Basic Refractory and Slag Management for Petcoke Carbon Feedstock in Gasifiers (U.S. Patent Number 8,703,021)—Gasification systems use coal, petcoke, or mixtures of both as carbon feedstocks. Impurities in these materials form ash, which becomes molten and coalesces during gasification, forming slag. The slag flows down the side walls of the gasifier, causing wear on the refractory lining. Higher temperatures increase that wear. This patent indicates that controlling slag chemistry can lower slag viscosity at a specific temperature, which allows for lower gasification temperature and reduces refractory wear. The patent also indicates that if a basic refractory lining is used in a gasifier in combination with slag chemistry control, lower refractory wear will occur. Benefits from controlling slag chemistry and the use of a basic refractory lining will result in increased gasifier availability and greater process efficiency.

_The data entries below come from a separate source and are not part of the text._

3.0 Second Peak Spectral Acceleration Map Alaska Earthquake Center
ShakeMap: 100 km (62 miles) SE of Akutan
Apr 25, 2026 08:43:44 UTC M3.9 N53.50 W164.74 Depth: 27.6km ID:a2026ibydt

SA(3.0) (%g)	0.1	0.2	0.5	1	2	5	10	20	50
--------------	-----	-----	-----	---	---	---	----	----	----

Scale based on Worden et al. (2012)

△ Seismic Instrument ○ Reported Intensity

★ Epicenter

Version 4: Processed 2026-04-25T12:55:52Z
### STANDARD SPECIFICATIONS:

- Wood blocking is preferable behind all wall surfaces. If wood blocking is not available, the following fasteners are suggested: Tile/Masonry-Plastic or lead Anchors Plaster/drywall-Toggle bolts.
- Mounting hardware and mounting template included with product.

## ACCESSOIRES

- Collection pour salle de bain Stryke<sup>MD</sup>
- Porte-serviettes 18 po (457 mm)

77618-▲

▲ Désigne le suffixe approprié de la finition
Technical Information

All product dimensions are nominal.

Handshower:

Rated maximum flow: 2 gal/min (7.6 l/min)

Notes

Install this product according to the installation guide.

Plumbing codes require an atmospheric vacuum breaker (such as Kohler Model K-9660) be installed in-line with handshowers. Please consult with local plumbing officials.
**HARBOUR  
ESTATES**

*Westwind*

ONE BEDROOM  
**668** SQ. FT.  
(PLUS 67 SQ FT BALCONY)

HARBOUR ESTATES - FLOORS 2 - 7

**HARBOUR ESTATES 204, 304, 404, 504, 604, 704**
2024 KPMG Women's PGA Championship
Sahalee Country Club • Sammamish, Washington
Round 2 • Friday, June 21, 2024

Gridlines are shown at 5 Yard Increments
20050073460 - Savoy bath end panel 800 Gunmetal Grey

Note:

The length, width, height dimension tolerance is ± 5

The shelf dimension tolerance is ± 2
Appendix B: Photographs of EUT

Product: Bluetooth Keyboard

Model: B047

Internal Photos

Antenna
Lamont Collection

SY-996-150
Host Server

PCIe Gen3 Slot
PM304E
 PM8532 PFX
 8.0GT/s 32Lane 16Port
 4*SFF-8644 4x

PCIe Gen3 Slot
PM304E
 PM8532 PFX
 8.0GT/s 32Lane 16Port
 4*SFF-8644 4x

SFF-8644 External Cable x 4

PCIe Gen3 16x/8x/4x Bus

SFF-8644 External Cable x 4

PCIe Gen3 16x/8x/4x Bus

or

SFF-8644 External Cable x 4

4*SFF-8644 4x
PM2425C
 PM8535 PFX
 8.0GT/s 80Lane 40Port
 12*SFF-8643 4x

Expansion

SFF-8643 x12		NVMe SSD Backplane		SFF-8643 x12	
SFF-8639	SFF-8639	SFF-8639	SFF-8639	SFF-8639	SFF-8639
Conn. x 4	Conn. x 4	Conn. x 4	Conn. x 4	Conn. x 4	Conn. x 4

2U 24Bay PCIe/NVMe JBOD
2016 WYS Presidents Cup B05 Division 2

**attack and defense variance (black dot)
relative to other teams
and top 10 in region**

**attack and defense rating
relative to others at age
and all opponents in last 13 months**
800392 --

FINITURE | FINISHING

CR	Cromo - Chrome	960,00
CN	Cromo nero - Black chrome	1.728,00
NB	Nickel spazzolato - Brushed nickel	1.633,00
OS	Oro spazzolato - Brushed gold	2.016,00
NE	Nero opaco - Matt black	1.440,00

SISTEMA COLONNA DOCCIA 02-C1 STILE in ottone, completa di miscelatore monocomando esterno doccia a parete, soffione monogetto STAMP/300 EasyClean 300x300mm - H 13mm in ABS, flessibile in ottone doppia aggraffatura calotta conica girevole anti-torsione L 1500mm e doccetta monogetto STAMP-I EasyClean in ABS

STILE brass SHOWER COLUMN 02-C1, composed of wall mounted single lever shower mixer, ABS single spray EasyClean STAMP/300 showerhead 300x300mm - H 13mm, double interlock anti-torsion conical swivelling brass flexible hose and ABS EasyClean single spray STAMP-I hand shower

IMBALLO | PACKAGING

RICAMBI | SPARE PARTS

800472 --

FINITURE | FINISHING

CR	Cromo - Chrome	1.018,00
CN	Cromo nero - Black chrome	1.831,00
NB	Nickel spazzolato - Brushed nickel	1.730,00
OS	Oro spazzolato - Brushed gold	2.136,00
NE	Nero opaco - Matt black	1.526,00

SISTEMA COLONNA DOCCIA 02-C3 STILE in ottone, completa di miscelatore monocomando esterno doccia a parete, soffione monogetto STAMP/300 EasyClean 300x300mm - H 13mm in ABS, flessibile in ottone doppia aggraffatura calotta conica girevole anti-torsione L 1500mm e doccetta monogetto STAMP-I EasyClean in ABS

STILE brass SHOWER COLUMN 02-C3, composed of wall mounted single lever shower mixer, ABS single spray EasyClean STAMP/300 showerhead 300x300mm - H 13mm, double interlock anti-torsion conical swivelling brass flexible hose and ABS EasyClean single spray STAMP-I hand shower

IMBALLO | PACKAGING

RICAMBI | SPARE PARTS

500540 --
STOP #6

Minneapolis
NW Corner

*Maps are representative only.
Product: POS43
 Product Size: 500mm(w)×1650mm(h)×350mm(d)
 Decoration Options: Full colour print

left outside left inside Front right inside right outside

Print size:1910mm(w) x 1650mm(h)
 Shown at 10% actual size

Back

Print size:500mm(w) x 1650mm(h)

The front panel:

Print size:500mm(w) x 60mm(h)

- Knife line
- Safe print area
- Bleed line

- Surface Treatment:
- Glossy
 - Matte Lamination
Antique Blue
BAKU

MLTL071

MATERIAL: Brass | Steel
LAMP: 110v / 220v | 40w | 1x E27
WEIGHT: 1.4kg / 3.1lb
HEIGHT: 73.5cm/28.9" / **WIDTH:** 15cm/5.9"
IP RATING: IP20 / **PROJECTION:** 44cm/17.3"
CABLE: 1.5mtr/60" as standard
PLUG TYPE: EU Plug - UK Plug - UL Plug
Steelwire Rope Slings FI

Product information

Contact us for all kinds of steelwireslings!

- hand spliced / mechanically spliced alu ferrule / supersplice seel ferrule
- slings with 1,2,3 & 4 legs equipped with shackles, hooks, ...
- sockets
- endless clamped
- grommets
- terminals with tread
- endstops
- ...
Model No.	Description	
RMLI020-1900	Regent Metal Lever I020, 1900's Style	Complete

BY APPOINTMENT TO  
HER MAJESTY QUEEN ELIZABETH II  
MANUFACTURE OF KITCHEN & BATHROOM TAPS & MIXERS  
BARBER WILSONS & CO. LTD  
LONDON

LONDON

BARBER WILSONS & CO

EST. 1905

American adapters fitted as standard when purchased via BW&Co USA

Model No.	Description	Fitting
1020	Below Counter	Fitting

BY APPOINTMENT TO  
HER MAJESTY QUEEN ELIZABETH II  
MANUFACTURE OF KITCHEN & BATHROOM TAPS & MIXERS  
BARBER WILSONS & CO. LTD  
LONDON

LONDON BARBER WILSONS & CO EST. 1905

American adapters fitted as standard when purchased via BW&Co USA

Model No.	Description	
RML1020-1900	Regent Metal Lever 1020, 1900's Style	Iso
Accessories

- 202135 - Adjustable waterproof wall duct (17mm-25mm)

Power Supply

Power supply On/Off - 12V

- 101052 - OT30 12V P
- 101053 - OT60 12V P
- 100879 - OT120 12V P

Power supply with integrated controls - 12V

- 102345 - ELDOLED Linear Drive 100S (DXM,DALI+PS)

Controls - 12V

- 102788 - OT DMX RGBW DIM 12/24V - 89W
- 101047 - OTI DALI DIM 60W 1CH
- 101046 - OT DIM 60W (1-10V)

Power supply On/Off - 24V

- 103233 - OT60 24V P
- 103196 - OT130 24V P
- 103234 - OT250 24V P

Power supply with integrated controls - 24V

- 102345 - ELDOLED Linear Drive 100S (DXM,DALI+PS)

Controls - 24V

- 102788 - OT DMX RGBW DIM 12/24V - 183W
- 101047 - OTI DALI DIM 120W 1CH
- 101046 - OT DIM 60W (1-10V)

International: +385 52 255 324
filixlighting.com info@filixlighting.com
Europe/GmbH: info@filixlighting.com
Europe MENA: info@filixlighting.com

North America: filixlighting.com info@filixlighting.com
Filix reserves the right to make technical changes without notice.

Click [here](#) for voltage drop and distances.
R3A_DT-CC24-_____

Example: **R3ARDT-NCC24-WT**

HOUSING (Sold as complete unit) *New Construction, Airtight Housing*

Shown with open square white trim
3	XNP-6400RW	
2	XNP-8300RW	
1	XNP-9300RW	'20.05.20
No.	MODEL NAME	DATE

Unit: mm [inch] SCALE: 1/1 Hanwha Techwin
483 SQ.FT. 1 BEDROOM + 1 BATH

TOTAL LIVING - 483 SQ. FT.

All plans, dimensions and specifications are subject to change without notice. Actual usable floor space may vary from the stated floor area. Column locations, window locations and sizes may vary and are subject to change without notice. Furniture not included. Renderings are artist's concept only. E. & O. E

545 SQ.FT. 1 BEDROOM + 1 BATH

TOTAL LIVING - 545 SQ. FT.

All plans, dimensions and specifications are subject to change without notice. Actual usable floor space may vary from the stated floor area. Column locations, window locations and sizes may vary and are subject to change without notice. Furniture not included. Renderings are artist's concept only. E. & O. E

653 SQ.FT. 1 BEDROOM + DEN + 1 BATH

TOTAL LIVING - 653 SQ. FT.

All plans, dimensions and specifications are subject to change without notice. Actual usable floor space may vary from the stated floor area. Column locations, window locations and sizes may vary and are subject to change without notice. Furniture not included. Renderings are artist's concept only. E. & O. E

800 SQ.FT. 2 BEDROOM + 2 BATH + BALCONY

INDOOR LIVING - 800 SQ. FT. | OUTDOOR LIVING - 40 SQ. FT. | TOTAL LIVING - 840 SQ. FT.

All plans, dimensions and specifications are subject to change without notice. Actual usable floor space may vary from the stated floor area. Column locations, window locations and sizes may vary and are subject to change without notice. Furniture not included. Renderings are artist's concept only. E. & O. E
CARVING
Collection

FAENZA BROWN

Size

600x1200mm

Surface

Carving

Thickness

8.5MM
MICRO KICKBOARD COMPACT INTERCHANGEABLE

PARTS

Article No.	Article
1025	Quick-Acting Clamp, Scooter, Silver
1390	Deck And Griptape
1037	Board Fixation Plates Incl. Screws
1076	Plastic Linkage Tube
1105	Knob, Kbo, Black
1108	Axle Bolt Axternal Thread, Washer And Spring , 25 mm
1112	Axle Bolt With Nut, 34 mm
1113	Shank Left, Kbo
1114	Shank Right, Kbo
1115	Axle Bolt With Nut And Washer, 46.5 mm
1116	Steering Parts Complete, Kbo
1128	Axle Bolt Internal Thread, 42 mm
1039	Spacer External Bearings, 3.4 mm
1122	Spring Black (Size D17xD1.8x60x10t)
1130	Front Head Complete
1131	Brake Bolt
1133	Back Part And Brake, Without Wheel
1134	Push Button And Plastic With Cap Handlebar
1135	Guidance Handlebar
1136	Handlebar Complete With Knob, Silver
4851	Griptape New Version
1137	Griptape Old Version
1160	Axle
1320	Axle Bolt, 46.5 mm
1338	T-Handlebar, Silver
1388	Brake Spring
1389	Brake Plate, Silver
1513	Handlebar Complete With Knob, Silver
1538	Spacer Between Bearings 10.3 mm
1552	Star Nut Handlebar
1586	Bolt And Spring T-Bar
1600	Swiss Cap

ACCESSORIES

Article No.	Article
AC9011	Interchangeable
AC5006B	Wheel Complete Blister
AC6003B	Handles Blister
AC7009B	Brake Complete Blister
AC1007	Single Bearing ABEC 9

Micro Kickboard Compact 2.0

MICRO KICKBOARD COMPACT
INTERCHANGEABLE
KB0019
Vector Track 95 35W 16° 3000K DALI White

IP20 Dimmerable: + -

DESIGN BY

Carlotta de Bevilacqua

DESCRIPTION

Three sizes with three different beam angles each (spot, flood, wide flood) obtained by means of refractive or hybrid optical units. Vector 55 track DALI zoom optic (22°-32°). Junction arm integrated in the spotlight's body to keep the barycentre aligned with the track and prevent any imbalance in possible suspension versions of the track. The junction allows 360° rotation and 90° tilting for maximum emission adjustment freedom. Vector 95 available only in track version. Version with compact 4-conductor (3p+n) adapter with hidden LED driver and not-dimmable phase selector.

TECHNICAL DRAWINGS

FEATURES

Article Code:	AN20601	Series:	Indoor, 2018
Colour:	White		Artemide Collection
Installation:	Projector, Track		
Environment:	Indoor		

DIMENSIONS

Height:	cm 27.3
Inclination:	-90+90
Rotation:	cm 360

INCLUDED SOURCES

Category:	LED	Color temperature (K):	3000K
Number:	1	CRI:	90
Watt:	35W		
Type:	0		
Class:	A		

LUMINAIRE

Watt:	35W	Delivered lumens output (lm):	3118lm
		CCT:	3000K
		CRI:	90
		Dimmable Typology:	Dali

- Nanocomposite Thin Films for Optical Gas Sensing (U.S. patent number 8,741,657)
- Electrically Conducting Metal Oxide Nanoparticles and Films for Optical Sensing Applications (U.S. patent number 8,836,945)
- Plasmonic Transparent Conducting Metal Oxide Nanoparticles and Nanoparticle Films for Optical Sensing Applications (U.S. patent number 8,638,440)
Method of CO2 Removal from a Gaseous Stream at Reduced Temperature (U.S. patent number 8,888,895)—Sorbents have shown great potential for CO2 removal from flue-gas streams, but when moisture is present in the stream, higher temperatures are required to regenerate the sorbent. This invention describes a way of regenerating the moisture removal sorbent using the waste hot gas stream. Moisture removal is conducted prior to the CO2 removal with a solid sorbent. This allows the moisture removal step to take place at lower temperatures, making the entire CO2 removal process less energy-intensive and more cost-effective.
Method of Purifying a Gas Stream Using 1,2,3-Triazolium Ionic Liquids (U.S. patent number 8,906,135)—Carbon capture and storage from fossil fuel–based power generation systems is a critical component of strategies to reduce the rise in atmospheric CO2 concentrations. Currently available carbon-capture processes significantly reduce efficiency and increase electricity cost. This invention addresses a new class of ionic liquids—organic salts that are liquid at room temperature—that could lead to more efficient and economical processes to capture CO2. The ionic liquids covered in this invention result in compounds with increased CO2 solubility and thermal stability, which facilitates their use for CO2 capture at high temperatures.